:: What this task involves ::
Return every line of the data below exactly, but do not include the images.

**** The records

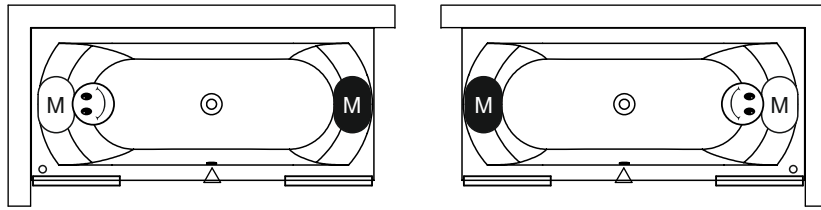

LIMA

This high-gloss white acrylic bath has a back that is round shaped in two-ways, creating a comfortable lying shape. It is bath is symmetrical in the larger sizes. The smaller sizes only have a right-hand version. The bath is also in at the foot end rounded in two directions. The bath drain is located in the middle of the bottom. You will find the drain knob on the long side of the bath.

Right type

Left type

- Motor in Air or Flow (Hydro or Aero)
Hydro motor in Joy and Bliss (Hydro + Aero)
- Aero Motor in Joy and Bliss (Hydro + Aero)
- Control panel
- Cleanpool inlet
- Service hatch

BATH SCREEN
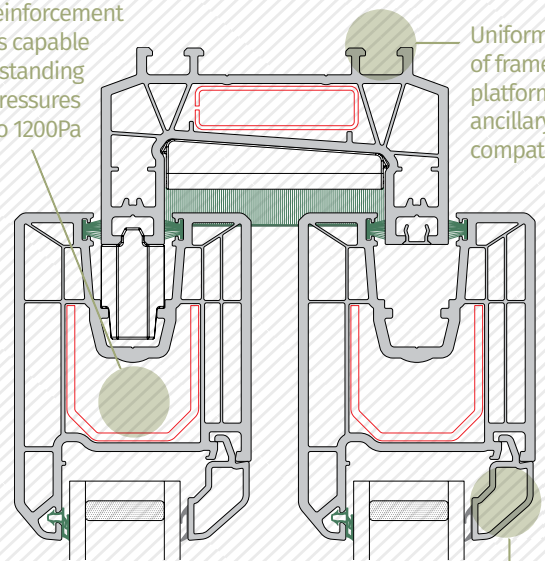

December 2015

Document No:
82125-8104
Slider24 Patio Door

Sash reinforcement options capable of withstanding wind pressures of up to 1200Pa

Uniform back of frame for platform ancillary compatibility

key features

- Robust profile construction designed to withstand extreme loads
- Best in class weather performance, air and water tightness up to 3 times better than the competition
- Certified to the latest enhanced security standard PAS24 Secured by Design approved
- Available in a vast array of foil colour options (26) all from UK stock
- A+ WER Rating
- Both Aluminium and PVC-u interlock options
- Sturdy clip-fit trim fixings
- Part M Compliant low threshold

Dedicated midrail for letter plates with integral screw ports for joining mechanically

28mm double
36mm triple
glazing options

Bevelled and decorative bead options

Durable stainless steel track

deceuninck

Weather test results

		Full Frame	Low Threshold
	Size Tested	2.4 x 2.08	2.4 x 2.06
Air Permeability	Class	A4	A4
	Rating	600 Pa	600 Pa
Water tightness	Class	E8A	E5A
	Rating	450 Pa	200 Pa
Wind Resistance	Class	A3	A3
	Rating	1200 Pa	1200 Pa
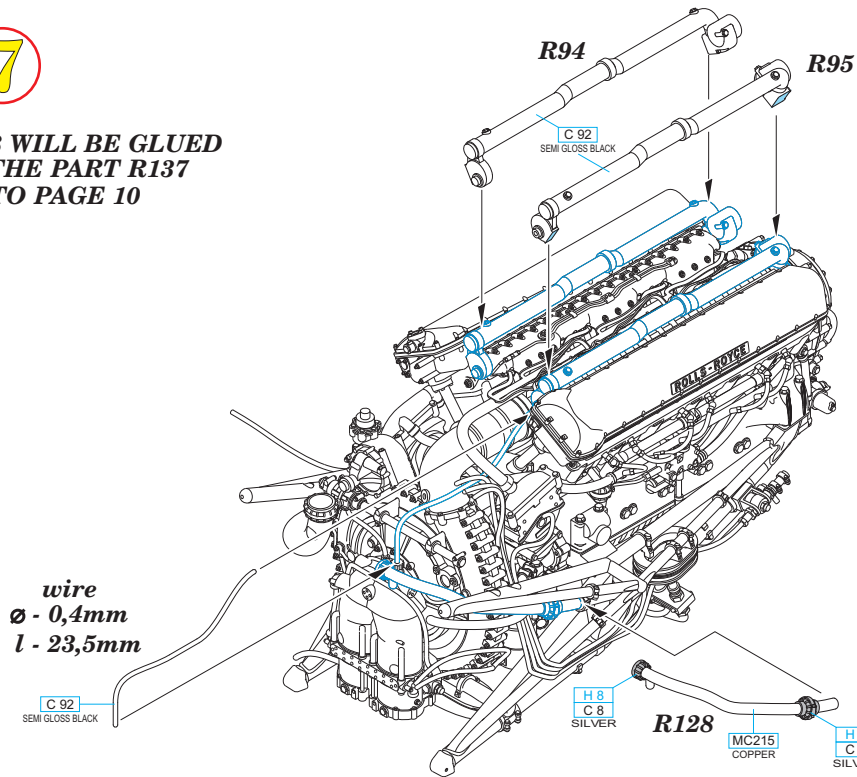

CORRECT POSITION OF R129

CORRECT POSITION OF WIRES

R140
C 92
SEMI GLOSS BLACK

E

7

- R128 WILL BE GLUED TO THE PART R137
- GO TO PAGE 10

wire
Ø - 0,4mm
l - 23,5mm

C 92
SEMI GLOSS BLACK
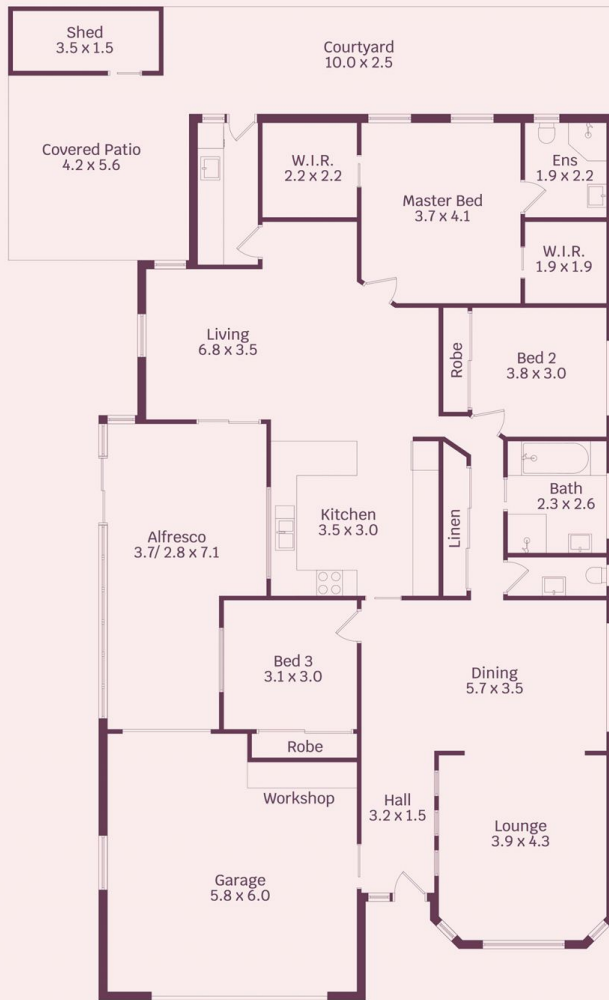

## 14 Streeton Avenue Kanahooka NSW

3 2 2

peaceful | lifestyle | community

Perfectly positioned in Forest Grove Estate, this charming single level home is immaculately presented throughout offering a peaceful lifestyle. Set within the secure estate this location is ideal for someone who wants to downsize and enjoy the peaceful easy feeling that Forest Grove has to offer.

what you will love?

- > three neat bedrooms all with built in wardrobes, main with his and hers walk in and ensuite
- > boasting 2.7m ceilings that elevate every aspect of the

[For full version visit the website](https://www.mcneice.com.au/8483084)

**Type** : House  
**Land Size** : 380.6 sqm  
**View** : <https://www.mcneice.com.au/8483084>

14 Streeton Avenue,  
Kanahooka

molenaar × mcneice

Site Plane  
(Not to scale)

HOUSE INTERNAL AREA 228m<sup>2</sup>  
HOUSE OVERALL AREA 277m<sup>2</sup>

Plans shown are for presentation purposes and  
are not part of any legal document.

Dimensions are approximate

********

:: Problem solution ::
LIMA

This high-gloss white acrylic bath has a back that is round shaped in two-ways, creating a comfortable lying shape. It is bath is symmetrical in the larger sizes. The smaller sizes only have a right-hand version. The bath is also in at the foot end rounded in two directions. The bath drain is located in the middle of the bottom. You will find the drain knob on the long side of the bath.

Right type

Left type

- Motor in Air or Flow (Hydro or Aero)
Hydro motor in Joy and Bliss (Hydro + Aero)
- Aero Motor in Joy and Bliss (Hydro + Aero)
- Control panel
- Cleanpool inlet
- Service hatch

BATH SCREEN

December 2015

Document No:
82125-8104
Slider24 Patio Door

Sash reinforcement options capable of withstanding wind pressures of up to 1200Pa

Uniform back of frame for platform ancillary compatibility

key features

- Robust profile construction designed to withstand extreme loads
- Best in class weather performance, air and water tightness up to 3 times better than the competition
- Certified to the latest enhanced security standard PAS24 Secured by Design approved
- Available in a vast array of foil colour options (26) all from UK stock
- A+ WER Rating
- Both Aluminium and PVC-u interlock options
- Sturdy clip-fit trim fixings
- Part M Compliant low threshold

Dedicated midrail for letter plates with integral screw ports for joining mechanically

28mm double
36mm triple
glazing options

Bevelled and decorative bead options

Durable stainless steel track

deceuninck

Weather test results

		Full Frame	Low Threshold
	Size Tested	2.4 x 2.08	2.4 x 2.06
Air Permeability	Class	A4	A4
	Rating	600 Pa	600 Pa
Water tightness	Class	E8A	E5A
	Rating	450 Pa	200 Pa
Wind Resistance	Class	A3	A3
	Rating	1200 Pa	1200 Pa

CORRECT POSITION OF R129

CORRECT POSITION OF WIRES

R140
C 92
SEMI GLOSS BLACK

E

7

- R128 WILL BE GLUED TO THE PART R137
- GO TO PAGE 10

wire
Ø - 0,4mm
l - 23,5mm

C 92
SEMI GLOSS BLACK

## 14 Streeton Avenue Kanahooka NSW

3 2 2

peaceful | lifestyle | community

Perfectly positioned in Forest Grove Estate, this charming single level home is immaculately presented throughout offering a peaceful lifestyle. Set within the secure estate this location is ideal for someone who wants to downsize and enjoy the peaceful easy feeling that Forest Grove has to offer.

what you will love?

- > three neat bedrooms all with built in wardrobes, main with his and hers walk in and ensuite
- > boasting 2.7m ceilings that elevate every aspect of the

[For full version visit the website](https://www.mcneice.com.au/8483084)

**Type** : House  
**Land Size** : 380.6 sqm  
**View** : <https://www.mcneice.com.au/8483084>

14 Streeton Avenue,  
Kanahooka

molenaar × mcneice

Site Plane  
(Not to scale)

HOUSE INTERNAL AREA 228m<sup>2</sup>  
HOUSE OVERALL AREA 277m<sup>2</sup>

Plans shown are for presentation purposes and  
are not part of any legal document.

Dimensions are approximate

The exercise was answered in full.